CDC ADVISORY COMMITTEE RECOMMENDS NASAL SPRAY FLU VACCINE FOR
CHILDREN AGES TWO TO FIVE
A panel of immunization experts has voted to expand the
recommendation for the nasal spray influenza vaccine, FluMist
(MedImmune Vaccines, Inc., Gaithersburg, MD), to include
children from 2 to 5 years of age who are healthy and don't have
a history of asthma or wheezing.
The Advisory Committee on Immunization Practices (ACIP), the
committee that advises the Centers for Disease Control and
Prevention (CDC) on vaccine issues, voted on the new
recommendation during its October 24-25, 2007, meeting in
Atlanta.
The vaccine, which contains a weakened form of the live virus
and is sprayed in the nose, had previously been limited to
healthy children 5 years of age and older and healthy adults up
to age 50.
Every year in the United States, 5 percent to 20 percent of the
population develops influenza, more than 200,000 people are
hospitalized, and about 36,000 people die from influenza
complications.
The CDC recommends that all children age 6 months to 59 months
receive a vaccination to protect against influenza. Studies have
shown that children 24 months to 5 years were more likely to see
a healthcare provider for influenza than older children.

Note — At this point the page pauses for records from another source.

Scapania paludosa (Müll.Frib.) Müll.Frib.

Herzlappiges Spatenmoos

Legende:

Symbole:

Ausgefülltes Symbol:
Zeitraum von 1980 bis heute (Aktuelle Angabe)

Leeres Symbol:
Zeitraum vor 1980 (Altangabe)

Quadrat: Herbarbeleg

"We know that vaccinating children protects them against flu,"
said Dr. Anne Schuchat, director of CDC's National Center for
Immunization and Respiratory Diseases. "This recommendation
gives parents another option when vaccinating their children."

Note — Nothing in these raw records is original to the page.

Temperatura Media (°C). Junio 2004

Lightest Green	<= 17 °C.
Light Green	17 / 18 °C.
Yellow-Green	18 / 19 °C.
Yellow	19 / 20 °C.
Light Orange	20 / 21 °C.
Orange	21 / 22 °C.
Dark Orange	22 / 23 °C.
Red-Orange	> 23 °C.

People younger than 2 or older than 49 years of age, or those
with an underlying chronic health condition, such as heart or
lung disease, diabetes or kidney disease should not receive
FluMist. Those individuals should receive a flu shot rather than
the nasal spray.
Previously, there were only two injectable influenza vaccines
licensed in the United States for children under the age of 5.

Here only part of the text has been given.